What you are asked to do |
What you return should match the listing exactly, minus its images.
────
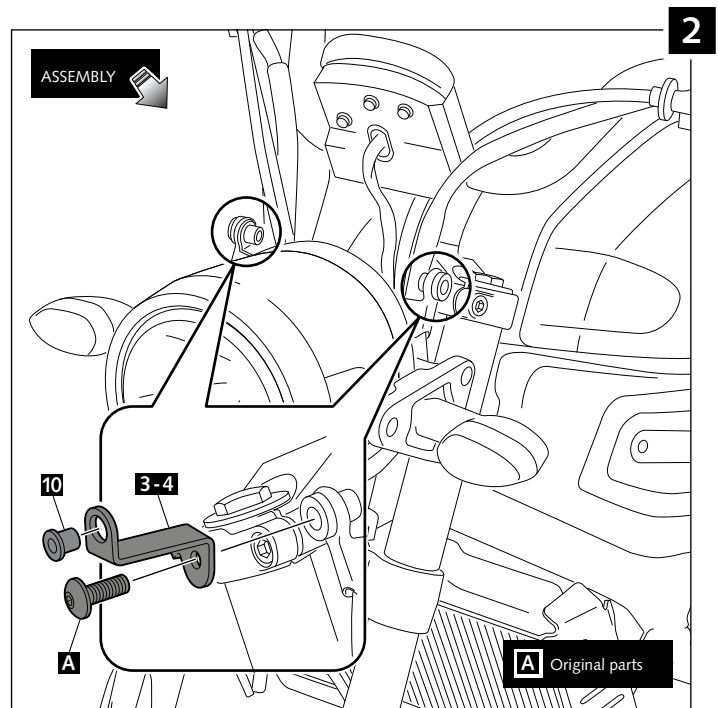

RETRO WINDSCREEN FOR YAMAHA XSR900

MOUNTING INSTRUCTIONS
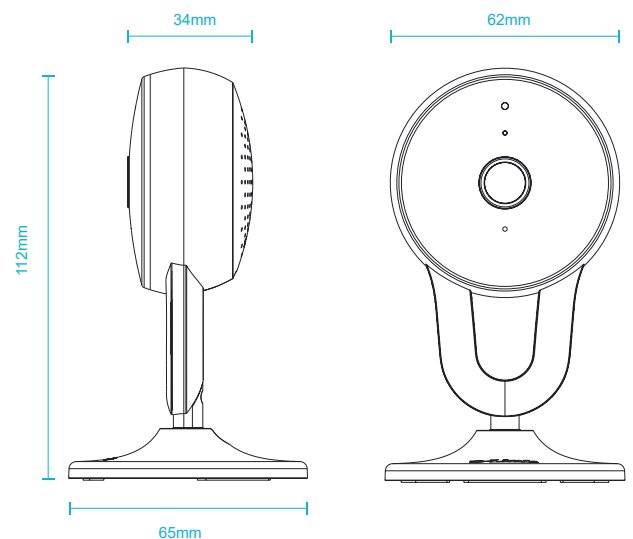

**Smart Home Compatible**

Works with mydlink Smart Home devices, Amazon Alexa and the Google Assistant

General	
Video Compression	H.264
Max. Resolution	2 Megapixel (Full HD)
Max. Frame	1080p (1920 x 1080)
Image Sensor	1/3" Progressive CMOS sensor
Day & Night - IR LED	5 m
Focal Length	3.18 mm
Aperture	F2.2
Angle of View	(H) 100° (V) 52° (D) 120°
Audio	Built-in microphone and speaker
Audio Codec	MPEG-2 AAC LC

Physical	
Power Input	100 to 240 V AC, 50/60 Hz
Power Output	5 V DC 1.2 A
Max. Power Consumption	5 W ± 5%
Cable Length	1.5 m
Indoor/Outdoor	For indoor use
Operating Temperature	0 to 40 °C
Storage Temperature	-20 to 70 °C
Operating/Storage Humidity	Max. 90% non-condensing
Weight	80 g
Dimensions	62 x 65 x 112 mm
Certifications	CE, FCC, IC, RCM, NCC, BSMI
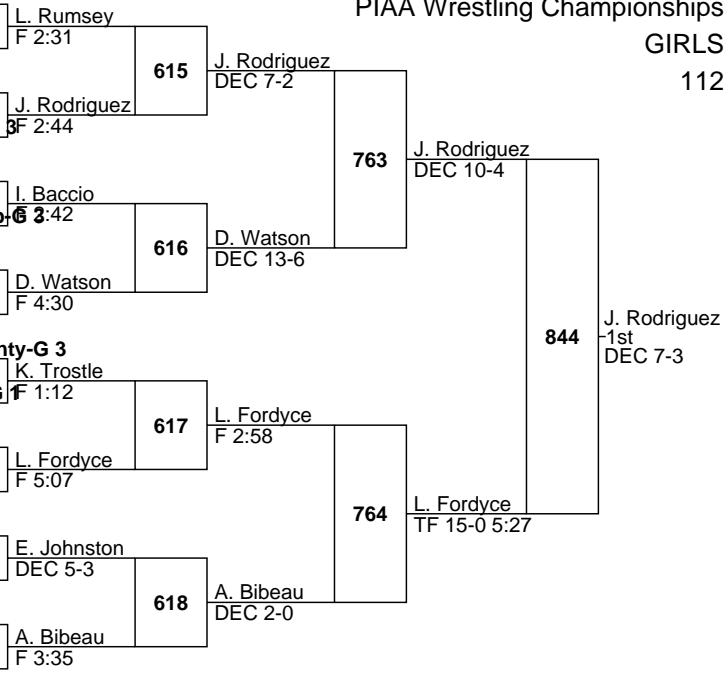

C-1 Lillian Rumsey 10 Williamsport-G 4

W-4 Malia Ramos 9 Canon-McMillan-G 7

SE-3 Sylvyn Parham 12 Parkland-G 11

SC-2 Journie Rodriguez 11 JP McCaskey-G 3

SE-2 Juliette Trout 9 Pleasant Valley-G 11

SC-3 Isabella Baccio 12 Manheim Township-G 3

W-1 Daylee Watson 10 Conneaut-G 10

C-4 Nevaeh Strouse 11 Selinsgrove-G 4

SC-1 Kylee Trostle 9 Eastern Lebanon County-G 3

SE-4 Macayla Needham 11 Central Bucks-G 6

W-3 Tamara Humphries 11 Brashear-G 8

C-2 Lane Fordyce 10 Bishop McCort-G 6

W-2 Emma Johnston 9 Hickory-G 10

C-3 Lexi Desiato 12 Western Wayne-G 2

SE-1 Andi Bibeau 11 ES North-G 11

SC-4 Cassidy Jeffries 10 Octorara-G 3

PIAA Wrestling Championships

GIRLS

112

L511 M. Ramos

L512 S. Parham 619 F 3:57

L513 J. Trout

L514 N. Strouse 620 TF 15-0 2:39

L515 M. Needham

L516 T. Humphries 621 F 2:55

L517 L. Desiato

L518 C. Jeffries 622 F 1:52

S. Parham 711 F 3:57

L618 E. Johnston

J. Trout 712 TF 15-0 2:39

L617 K. Trostle

L616 T. Humphries 713 F 2:55

L615 L. Desiato

L615 L. Rumsey 714 TF 16-1 4:27

S. Parham 711 DEC 3-1

765 K. Trostle F 4:31

712 K. Trostle F 2:09

713 I. Baccio DEC 6-4

766 L. Rumsey DEC 8-4

714 L. Rumsey TF 16-1 4:27

765 K. Trostle F 4:31

811 D. Watson MD 13-4

812 A. Bibeau F 4:09

843 L. Rumsey -3rd DEC 8-4 SV

812 A. Bibeau F 4:09

L811 K. Trostle MD 13-4

L812 A. Bibeau 842 F 4:09

A. Bibeau 842 5th DEC 6-4

L765 S. Parham F 4:31

L766 I. Baccio 841 DEC 8-4

I. Baccio 841 7th F 4:31
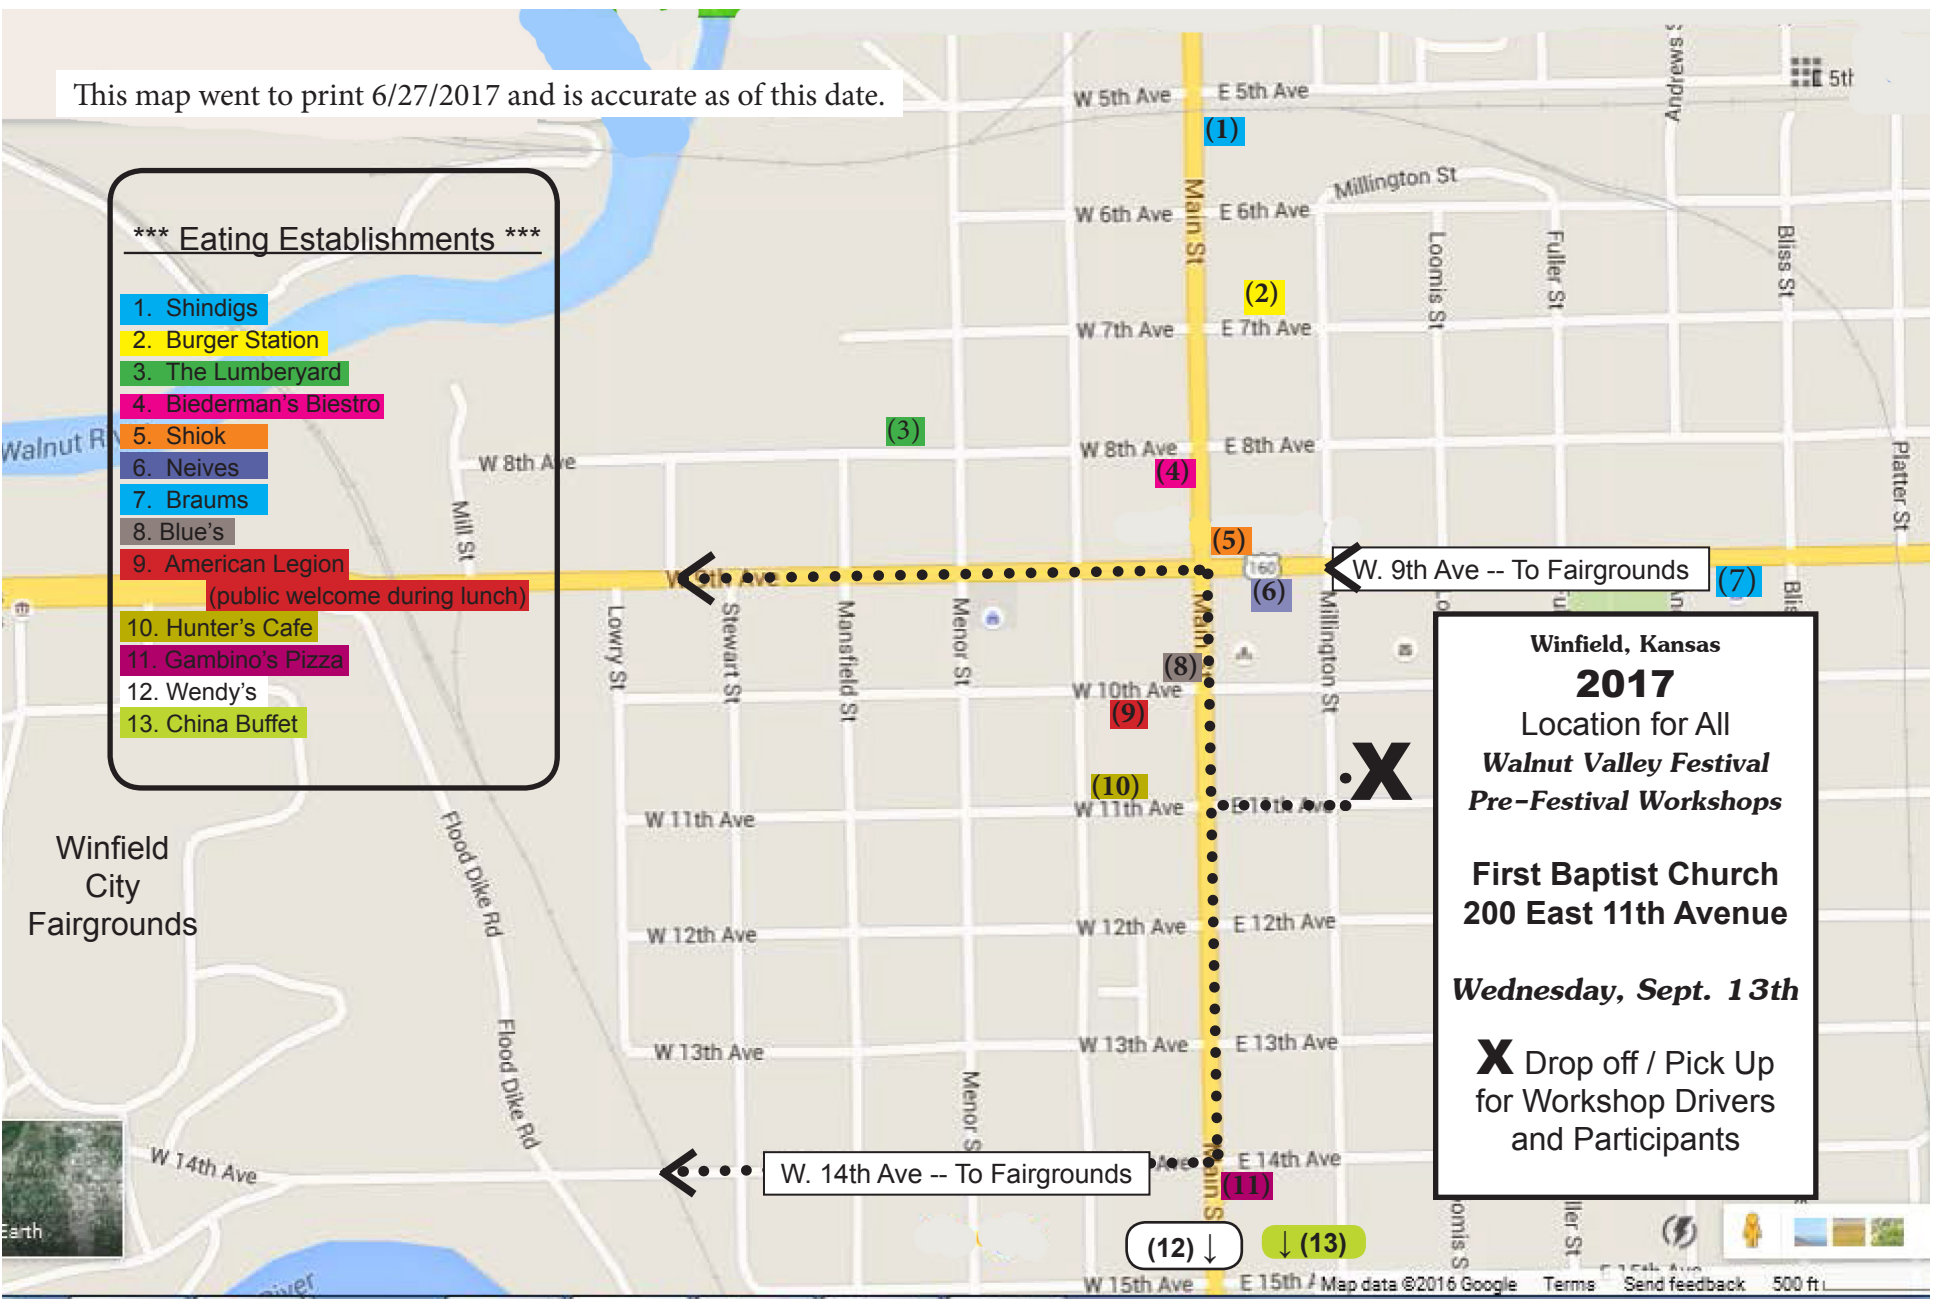

This map went to print 6/27/2017 and is accurate as of this date.

\*\*\* Eating Establishments \*\*\*

- 1. Shindigs
- 2. Burger Station
- 3. The Lumberyard
- 4. Biederman's Biestro
- 5. ShioK
- 6. Neives
- 7. Braums
- 8. Blue's
- 9. American Legion  
(public welcome during lunch)
- 10. Hunter's Cafe
- 11. Gambino's Pizza
- 12. Wendy's
- 13. China Buffet

**Winfield, Kansas**  
**2017**  
Location for All  
*Walnut Valley Festival*  
*Pre-Festival Workshops*

**First Baptist Church**  
**200 East 11th Avenue**

**Wednesday, Sept. 13th**

**X** Drop off / Pick Up  
for Workshop Drivers  
and Participants

(12) ↓

↓ (13)
────
Response to this exercise |
RETRO WINDSCREEN FOR YAMAHA XSR900

MOUNTING INSTRUCTIONS

**Smart Home Compatible**

Works with mydlink Smart Home devices, Amazon Alexa and the Google Assistant

General	
Video Compression	H.264
Max. Resolution	2 Megapixel (Full HD)
Max. Frame	1080p (1920 x 1080)
Image Sensor	1/3" Progressive CMOS sensor
Day & Night - IR LED	5 m
Focal Length	3.18 mm
Aperture	F2.2
Angle of View	(H) 100° (V) 52° (D) 120°
Audio	Built-in microphone and speaker
Audio Codec	MPEG-2 AAC LC

Physical	
Power Input	100 to 240 V AC, 50/60 Hz
Power Output	5 V DC 1.2 A
Max. Power Consumption	5 W ± 5%
Cable Length	1.5 m
Indoor/Outdoor	For indoor use
Operating Temperature	0 to 40 °C
Storage Temperature	-20 to 70 °C
Operating/Storage Humidity	Max. 90% non-condensing
Weight	80 g
Dimensions	62 x 65 x 112 mm
Certifications	CE, FCC, IC, RCM, NCC, BSMI

C-1 Lillian Rumsey 10 Williamsport-G 4

W-4 Malia Ramos 9 Canon-McMillan-G 7

SE-3 Sylvyn Parham 12 Parkland-G 11

SC-2 Journie Rodriguez 11 JP McCaskey-G 3

SE-2 Juliette Trout 9 Pleasant Valley-G 11

SC-3 Isabella Baccio 12 Manheim Township-G 3

W-1 Daylee Watson 10 Conneaut-G 10

C-4 Nevaeh Strouse 11 Selinsgrove-G 4

SC-1 Kylee Trostle 9 Eastern Lebanon County-G 3

SE-4 Macayla Needham 11 Central Bucks-G 6

W-3 Tamara Humphries 11 Brashear-G 8

C-2 Lane Fordyce 10 Bishop McCort-G 6

W-2 Emma Johnston 9 Hickory-G 10

C-3 Lexi Desiato 12 Western Wayne-G 2

SE-1 Andi Bibeau 11 ES North-G 11

SC-4 Cassidy Jeffries 10 Octorara-G 3

PIAA Wrestling Championships

GIRLS

112

L511 M. Ramos

L512 S. Parham 619 F 3:57

L513 J. Trout

L514 N. Strouse 620 TF 15-0 2:39

L515 M. Needham

L516 T. Humphries 621 F 2:55

L517 L. Desiato

L518 C. Jeffries 622 F 1:52

S. Parham 711 F 3:57

L618 E. Johnston

J. Trout 712 TF 15-0 2:39

L617 K. Trostle

L616 T. Humphries 713 F 2:55

L615 L. Desiato

L615 L. Rumsey 714 TF 16-1 4:27

S. Parham 711 DEC 3-1

765 K. Trostle F 4:31

712 K. Trostle F 2:09

713 I. Baccio DEC 6-4

766 L. Rumsey DEC 8-4

714 L. Rumsey TF 16-1 4:27

765 K. Trostle F 4:31

811 D. Watson MD 13-4

812 A. Bibeau F 4:09

843 L. Rumsey -3rd DEC 8-4 SV

812 A. Bibeau F 4:09

L811 K. Trostle MD 13-4

L812 A. Bibeau 842 F 4:09

A. Bibeau 842 5th DEC 6-4

L765 S. Parham F 4:31

L766 I. Baccio 841 DEC 8-4

I. Baccio 841 7th F 4:31

This map went to print 6/27/2017 and is accurate as of this date.

\*\*\* Eating Establishments \*\*\*

- 1. Shindigs
- 2. Burger Station
- 3. The Lumberyard
- 4. Biederman's Biestro
- 5. ShioK
- 6. Neives
- 7. Braums
- 8. Blue's
- 9. American Legion  
(public welcome during lunch)
- 10. Hunter's Cafe
- 11. Gambino's Pizza
- 12. Wendy's
- 13. China Buffet

**Winfield, Kansas**  
**2017**  
Location for All  
*Walnut Valley Festival*  
*Pre-Festival Workshops*

**First Baptist Church**  
**200 East 11th Avenue**

**Wednesday, Sept. 13th**

**X** Drop off / Pick Up  
for Workshop Drivers  
and Participants

(12) ↓

↓ (13)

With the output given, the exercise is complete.